--- Dataset records Enclosed Below ---
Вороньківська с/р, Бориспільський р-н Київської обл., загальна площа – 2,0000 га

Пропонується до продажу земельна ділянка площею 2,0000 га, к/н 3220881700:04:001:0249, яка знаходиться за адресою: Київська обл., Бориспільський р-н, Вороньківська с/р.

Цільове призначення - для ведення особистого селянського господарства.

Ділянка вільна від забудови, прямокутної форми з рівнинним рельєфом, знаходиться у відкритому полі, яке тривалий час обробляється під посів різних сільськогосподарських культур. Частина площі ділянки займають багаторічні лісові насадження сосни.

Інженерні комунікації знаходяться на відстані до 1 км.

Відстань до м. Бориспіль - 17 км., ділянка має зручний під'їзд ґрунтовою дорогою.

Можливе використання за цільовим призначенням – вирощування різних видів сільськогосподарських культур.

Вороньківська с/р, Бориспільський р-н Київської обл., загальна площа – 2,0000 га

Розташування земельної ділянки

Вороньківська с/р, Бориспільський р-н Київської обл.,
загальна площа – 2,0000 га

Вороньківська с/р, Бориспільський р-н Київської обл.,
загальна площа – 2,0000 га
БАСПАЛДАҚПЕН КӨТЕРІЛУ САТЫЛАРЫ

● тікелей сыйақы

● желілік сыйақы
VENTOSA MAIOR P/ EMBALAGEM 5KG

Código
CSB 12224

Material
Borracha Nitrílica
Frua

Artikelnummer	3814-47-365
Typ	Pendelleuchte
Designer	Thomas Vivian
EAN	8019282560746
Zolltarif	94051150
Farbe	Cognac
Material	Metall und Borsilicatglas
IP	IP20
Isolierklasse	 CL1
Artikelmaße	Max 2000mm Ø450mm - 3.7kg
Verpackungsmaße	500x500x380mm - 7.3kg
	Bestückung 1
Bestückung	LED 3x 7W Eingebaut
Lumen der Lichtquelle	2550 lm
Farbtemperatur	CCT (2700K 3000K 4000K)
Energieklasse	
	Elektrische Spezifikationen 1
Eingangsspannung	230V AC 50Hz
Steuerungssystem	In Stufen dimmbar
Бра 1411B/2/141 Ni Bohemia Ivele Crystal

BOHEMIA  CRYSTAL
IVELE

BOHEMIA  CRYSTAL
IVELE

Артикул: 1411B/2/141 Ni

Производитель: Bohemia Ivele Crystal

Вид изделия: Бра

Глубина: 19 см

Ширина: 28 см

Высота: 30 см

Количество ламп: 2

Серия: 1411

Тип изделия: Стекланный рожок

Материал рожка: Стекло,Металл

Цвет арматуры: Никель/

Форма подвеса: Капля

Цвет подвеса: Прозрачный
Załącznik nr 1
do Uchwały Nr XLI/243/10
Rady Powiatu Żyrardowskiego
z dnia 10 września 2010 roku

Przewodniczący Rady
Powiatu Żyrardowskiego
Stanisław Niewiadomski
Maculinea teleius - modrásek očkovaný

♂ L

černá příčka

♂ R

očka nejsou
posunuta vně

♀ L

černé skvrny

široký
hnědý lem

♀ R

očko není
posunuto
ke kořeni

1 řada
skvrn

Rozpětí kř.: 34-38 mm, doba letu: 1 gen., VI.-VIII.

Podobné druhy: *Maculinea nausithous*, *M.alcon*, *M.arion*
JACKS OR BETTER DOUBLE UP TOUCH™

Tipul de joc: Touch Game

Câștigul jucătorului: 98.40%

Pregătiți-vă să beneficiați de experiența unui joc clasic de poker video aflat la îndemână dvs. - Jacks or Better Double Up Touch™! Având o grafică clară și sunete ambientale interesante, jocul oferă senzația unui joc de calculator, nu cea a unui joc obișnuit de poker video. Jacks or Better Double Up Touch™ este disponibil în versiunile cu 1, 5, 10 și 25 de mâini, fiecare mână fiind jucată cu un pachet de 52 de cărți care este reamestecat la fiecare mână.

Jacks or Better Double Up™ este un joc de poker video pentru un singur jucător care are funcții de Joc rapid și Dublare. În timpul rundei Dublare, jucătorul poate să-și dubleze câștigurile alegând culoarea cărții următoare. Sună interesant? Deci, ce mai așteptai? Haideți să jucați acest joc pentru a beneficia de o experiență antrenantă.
--- End of Enclosed Dataset records ---
#### What you are asked to do
Every entry above has to be returned exactly as written.

#### Problem solution
Вороньківська с/р, Бориспільський р-н Київської обл., загальна площа – 2,0000 га

Пропонується до продажу земельна ділянка площею 2,0000 га, к/н 3220881700:04:001:0249, яка знаходиться за адресою: Київська обл., Бориспільський р-н, Вороньківська с/р.

Цільове призначення - для ведення особистого селянського господарства.

Ділянка вільна від забудови, прямокутної форми з рівнинним рельєфом, знаходиться у відкритому полі, яке тривалий час обробляється під посів різних сільськогосподарських культур. Частина площі ділянки займають багаторічні лісові насадження сосни.

Інженерні комунікації знаходяться на відстані до 1 км.

Відстань до м. Бориспіль - 17 км., ділянка має зручний під'їзд ґрунтовою дорогою.

Можливе використання за цільовим призначенням – вирощування різних видів сільськогосподарських культур.

Вороньківська с/р, Бориспільський р-н Київської обл., загальна площа – 2,0000 га

Розташування земельної ділянки

Вороньківська с/р, Бориспільський р-н Київської обл.,
загальна площа – 2,0000 га

Вороньківська с/р, Бориспільський р-н Київської обл.,
загальна площа – 2,0000 га
БАСПАЛДАҚПЕН КӨТЕРІЛУ САТЫЛАРЫ

● тікелей сыйақы

● желілік сыйақы
VENTOSA MAIOR P/ EMBALAGEM 5KG

Código
CSB 12224

Material
Borracha Nitrílica
Frua

Artikelnummer	3814-47-365
Typ	Pendelleuchte
Designer	Thomas Vivian
EAN	8019282560746
Zolltarif	94051150
Farbe	Cognac
Material	Metall und Borsilicatglas
IP	IP20
Isolierklasse	 CL1
Artikelmaße	Max 2000mm Ø450mm - 3.7kg
Verpackungsmaße	500x500x380mm - 7.3kg
	Bestückung 1
Bestückung	LED 3x 7W Eingebaut
Lumen der Lichtquelle	2550 lm
Farbtemperatur	CCT (2700K 3000K 4000K)
Energieklasse	
	Elektrische Spezifikationen 1
Eingangsspannung	230V AC 50Hz
Steuerungssystem	In Stufen dimmbar
Бра 1411B/2/141 Ni Bohemia Ivele Crystal

BOHEMIA  CRYSTAL
IVELE

BOHEMIA  CRYSTAL
IVELE

Артикул: 1411B/2/141 Ni

Производитель: Bohemia Ivele Crystal

Вид изделия: Бра

Глубина: 19 см

Ширина: 28 см

Высота: 30 см

Количество ламп: 2

Серия: 1411

Тип изделия: Стекланный рожок

Материал рожка: Стекло,Металл

Цвет арматуры: Никель/

Форма подвеса: Капля

Цвет подвеса: Прозрачный
Załącznik nr 1
do Uchwały Nr XLI/243/10
Rady Powiatu Żyrardowskiego
z dnia 10 września 2010 roku

Przewodniczący Rady
Powiatu Żyrardowskiego
Stanisław Niewiadomski
Maculinea teleius - modrásek očkovaný

♂ L

černá příčka

♂ R

očka nejsou
posunuta vně

♀ L

černé skvrny

široký
hnědý lem

♀ R

očko není
posunuto
ke kořeni

1 řada
skvrn

Rozpětí kř.: 34-38 mm, doba letu: 1 gen., VI.-VIII.

Podobné druhy: *Maculinea nausithous*, *M.alcon*, *M.arion*
JACKS OR BETTER DOUBLE UP TOUCH™

Tipul de joc: Touch Game

Câștigul jucătorului: 98.40%

Pregătiți-vă să beneficiați de experiența unui joc clasic de poker video aflat la îndemână dvs. - Jacks or Better Double Up Touch™! Având o grafică clară și sunete ambientale interesante, jocul oferă senzația unui joc de calculator, nu cea a unui joc obișnuit de poker video. Jacks or Better Double Up Touch™ este disponibil în versiunile cu 1, 5, 10 și 25 de mâini, fiecare mână fiind jucată cu un pachet de 52 de cărți care este reamestecat la fiecare mână.

Jacks or Better Double Up™ este un joc de poker video pentru un singur jucător care are funcții de Joc rapid și Dublare. În timpul rundei Dublare, jucătorul poate să-și dubleze câștigurile alegând culoarea cărții următoare. Sună interesant? Deci, ce mai așteptai? Haideți să jucați acest joc pentru a beneficia de o experiență antrenantă.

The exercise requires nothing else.